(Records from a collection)
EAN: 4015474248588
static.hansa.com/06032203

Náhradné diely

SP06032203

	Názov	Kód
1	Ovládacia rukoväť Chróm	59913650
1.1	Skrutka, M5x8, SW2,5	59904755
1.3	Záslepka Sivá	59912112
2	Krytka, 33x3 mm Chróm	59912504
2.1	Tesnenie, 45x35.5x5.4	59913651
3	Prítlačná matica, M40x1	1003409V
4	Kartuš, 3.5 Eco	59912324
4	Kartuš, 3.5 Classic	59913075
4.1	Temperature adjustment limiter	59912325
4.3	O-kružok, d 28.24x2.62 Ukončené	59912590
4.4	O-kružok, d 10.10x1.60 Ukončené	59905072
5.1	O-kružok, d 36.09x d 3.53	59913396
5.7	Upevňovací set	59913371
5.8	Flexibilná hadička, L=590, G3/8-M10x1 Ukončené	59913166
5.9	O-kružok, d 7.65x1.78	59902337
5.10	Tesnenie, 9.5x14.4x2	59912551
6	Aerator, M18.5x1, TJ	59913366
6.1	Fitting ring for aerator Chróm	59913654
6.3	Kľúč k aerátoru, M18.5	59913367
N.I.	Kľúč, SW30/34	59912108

...

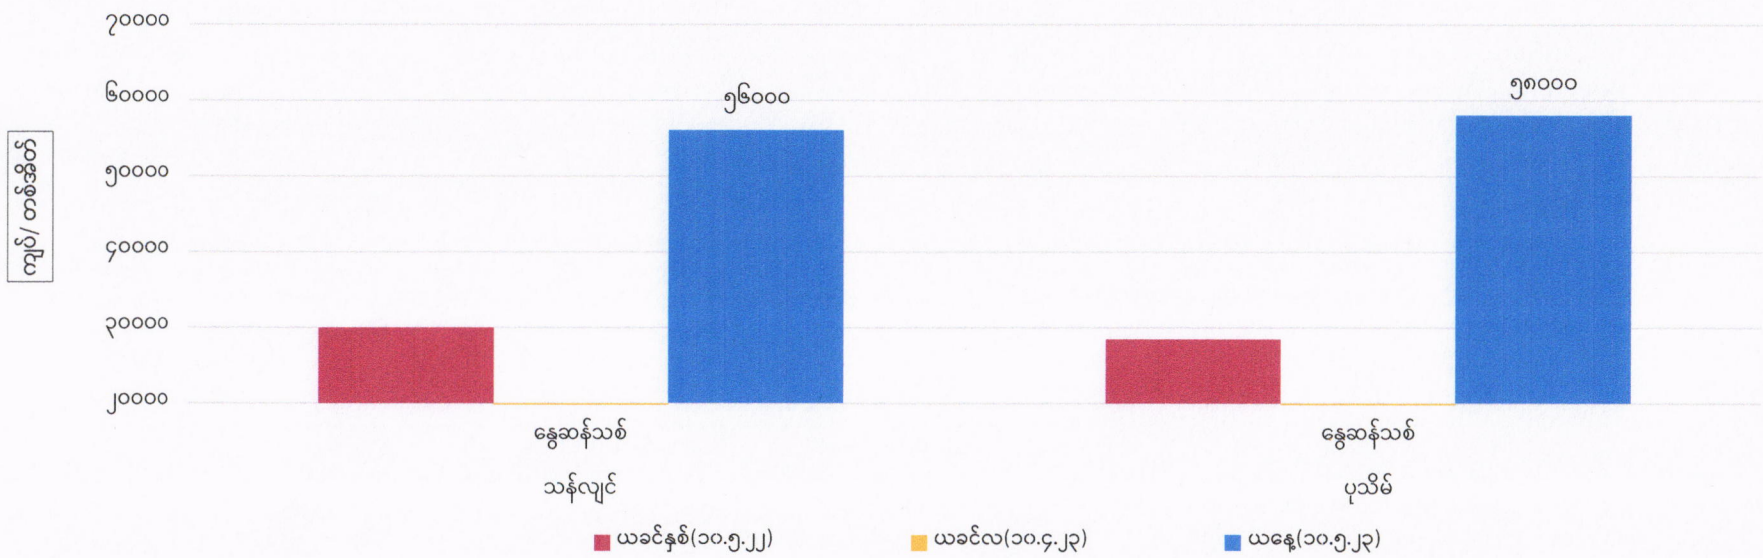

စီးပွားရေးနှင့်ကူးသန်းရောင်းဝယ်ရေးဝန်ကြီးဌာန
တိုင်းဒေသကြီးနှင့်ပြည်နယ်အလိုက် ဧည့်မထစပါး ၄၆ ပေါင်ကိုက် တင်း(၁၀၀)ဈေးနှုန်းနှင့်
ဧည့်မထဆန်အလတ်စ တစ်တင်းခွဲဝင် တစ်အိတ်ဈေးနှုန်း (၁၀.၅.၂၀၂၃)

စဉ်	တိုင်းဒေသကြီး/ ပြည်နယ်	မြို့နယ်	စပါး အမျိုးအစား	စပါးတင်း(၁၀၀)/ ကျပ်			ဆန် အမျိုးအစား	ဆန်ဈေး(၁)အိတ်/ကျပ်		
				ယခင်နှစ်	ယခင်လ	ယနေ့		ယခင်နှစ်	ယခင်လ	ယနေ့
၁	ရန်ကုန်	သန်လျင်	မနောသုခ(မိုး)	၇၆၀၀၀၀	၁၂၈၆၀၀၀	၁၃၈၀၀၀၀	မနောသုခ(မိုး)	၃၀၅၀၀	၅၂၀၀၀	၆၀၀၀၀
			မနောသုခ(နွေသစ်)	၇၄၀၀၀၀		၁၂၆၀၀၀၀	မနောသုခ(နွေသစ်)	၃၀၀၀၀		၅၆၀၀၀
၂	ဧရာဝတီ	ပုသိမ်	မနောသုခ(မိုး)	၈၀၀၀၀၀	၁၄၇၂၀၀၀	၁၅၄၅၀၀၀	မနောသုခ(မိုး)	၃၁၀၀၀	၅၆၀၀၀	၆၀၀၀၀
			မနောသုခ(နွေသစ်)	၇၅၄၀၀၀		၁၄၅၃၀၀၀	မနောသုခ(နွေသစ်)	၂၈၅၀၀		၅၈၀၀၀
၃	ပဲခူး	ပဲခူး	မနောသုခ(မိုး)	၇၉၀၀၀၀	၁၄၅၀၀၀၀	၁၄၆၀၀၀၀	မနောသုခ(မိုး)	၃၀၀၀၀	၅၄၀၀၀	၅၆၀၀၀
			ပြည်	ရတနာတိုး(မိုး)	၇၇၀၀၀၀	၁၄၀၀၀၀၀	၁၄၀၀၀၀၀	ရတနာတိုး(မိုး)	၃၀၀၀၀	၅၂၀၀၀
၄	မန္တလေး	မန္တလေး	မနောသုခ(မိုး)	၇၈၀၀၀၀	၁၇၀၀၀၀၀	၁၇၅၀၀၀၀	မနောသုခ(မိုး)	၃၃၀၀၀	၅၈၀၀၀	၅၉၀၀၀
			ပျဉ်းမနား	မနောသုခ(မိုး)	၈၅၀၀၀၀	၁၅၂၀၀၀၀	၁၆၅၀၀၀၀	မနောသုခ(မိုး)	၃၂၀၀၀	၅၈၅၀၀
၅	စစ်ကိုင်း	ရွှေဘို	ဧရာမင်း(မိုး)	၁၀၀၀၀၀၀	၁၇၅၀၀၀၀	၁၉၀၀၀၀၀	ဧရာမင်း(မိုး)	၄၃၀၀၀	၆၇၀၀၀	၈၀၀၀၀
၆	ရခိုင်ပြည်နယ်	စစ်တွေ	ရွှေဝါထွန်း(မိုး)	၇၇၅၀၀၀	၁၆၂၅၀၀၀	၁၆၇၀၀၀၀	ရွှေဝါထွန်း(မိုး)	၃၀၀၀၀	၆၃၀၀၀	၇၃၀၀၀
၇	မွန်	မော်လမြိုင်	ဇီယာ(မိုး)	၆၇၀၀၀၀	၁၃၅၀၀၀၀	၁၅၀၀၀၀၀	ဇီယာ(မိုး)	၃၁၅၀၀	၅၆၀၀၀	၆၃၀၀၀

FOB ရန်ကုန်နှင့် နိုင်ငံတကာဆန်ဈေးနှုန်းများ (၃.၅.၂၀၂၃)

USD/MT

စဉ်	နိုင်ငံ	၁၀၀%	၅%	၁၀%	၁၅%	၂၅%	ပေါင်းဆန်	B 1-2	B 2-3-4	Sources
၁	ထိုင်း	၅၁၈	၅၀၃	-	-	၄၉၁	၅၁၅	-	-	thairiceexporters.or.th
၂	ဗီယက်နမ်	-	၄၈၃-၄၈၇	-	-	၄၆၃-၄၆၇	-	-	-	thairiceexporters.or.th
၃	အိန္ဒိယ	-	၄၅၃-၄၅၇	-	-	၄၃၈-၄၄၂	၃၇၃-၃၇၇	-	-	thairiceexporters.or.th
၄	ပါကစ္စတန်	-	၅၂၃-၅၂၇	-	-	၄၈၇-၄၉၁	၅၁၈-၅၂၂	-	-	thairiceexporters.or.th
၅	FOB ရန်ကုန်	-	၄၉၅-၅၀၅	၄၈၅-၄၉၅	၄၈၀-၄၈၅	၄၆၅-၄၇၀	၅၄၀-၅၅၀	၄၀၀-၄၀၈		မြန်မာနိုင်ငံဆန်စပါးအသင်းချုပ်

--

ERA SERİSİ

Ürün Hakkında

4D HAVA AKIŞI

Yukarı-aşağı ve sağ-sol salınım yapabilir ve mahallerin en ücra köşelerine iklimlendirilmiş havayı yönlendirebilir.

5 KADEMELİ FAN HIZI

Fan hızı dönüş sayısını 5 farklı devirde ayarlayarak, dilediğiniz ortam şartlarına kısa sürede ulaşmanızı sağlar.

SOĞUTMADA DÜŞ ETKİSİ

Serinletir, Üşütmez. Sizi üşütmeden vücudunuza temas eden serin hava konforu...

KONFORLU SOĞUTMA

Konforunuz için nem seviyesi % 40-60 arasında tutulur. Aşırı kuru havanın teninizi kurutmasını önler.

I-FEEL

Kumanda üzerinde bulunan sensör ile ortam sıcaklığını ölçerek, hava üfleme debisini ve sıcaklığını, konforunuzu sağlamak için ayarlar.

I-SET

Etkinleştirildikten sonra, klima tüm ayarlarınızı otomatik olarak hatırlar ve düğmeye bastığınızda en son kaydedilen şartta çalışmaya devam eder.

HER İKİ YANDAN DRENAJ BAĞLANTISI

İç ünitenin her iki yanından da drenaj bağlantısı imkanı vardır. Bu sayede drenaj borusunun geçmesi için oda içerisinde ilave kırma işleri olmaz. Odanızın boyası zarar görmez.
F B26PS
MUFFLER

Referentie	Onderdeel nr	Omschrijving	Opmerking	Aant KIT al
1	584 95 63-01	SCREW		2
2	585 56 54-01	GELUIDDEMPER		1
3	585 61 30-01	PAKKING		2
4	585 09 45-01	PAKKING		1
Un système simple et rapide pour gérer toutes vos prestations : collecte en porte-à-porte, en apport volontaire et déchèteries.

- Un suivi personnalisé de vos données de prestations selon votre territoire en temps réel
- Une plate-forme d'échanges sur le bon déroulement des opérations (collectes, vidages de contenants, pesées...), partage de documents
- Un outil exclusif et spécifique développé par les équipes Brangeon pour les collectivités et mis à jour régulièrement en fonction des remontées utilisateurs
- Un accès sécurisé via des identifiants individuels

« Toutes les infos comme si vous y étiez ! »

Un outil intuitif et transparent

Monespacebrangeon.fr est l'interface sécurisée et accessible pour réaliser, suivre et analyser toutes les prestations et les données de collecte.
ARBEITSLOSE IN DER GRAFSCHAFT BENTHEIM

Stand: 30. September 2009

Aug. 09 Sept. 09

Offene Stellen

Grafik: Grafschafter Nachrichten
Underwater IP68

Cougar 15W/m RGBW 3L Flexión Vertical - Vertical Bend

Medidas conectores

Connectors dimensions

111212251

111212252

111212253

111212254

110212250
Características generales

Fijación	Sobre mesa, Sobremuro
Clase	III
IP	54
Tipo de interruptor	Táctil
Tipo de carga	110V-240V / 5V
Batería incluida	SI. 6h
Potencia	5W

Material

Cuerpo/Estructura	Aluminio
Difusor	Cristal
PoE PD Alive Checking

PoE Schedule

• _EXERCISE INSTRUCTIONS_
Only lines that include "outil" belong in the answer; return them from the entries above.

• _EXERCISE RESULT_
- Un outil exclusif et spécifique développé par les équipes Brangeon pour les collectivités et mis à jour régulièrement en fonction des remontées utilisateurs
Un outil intuitif et transparent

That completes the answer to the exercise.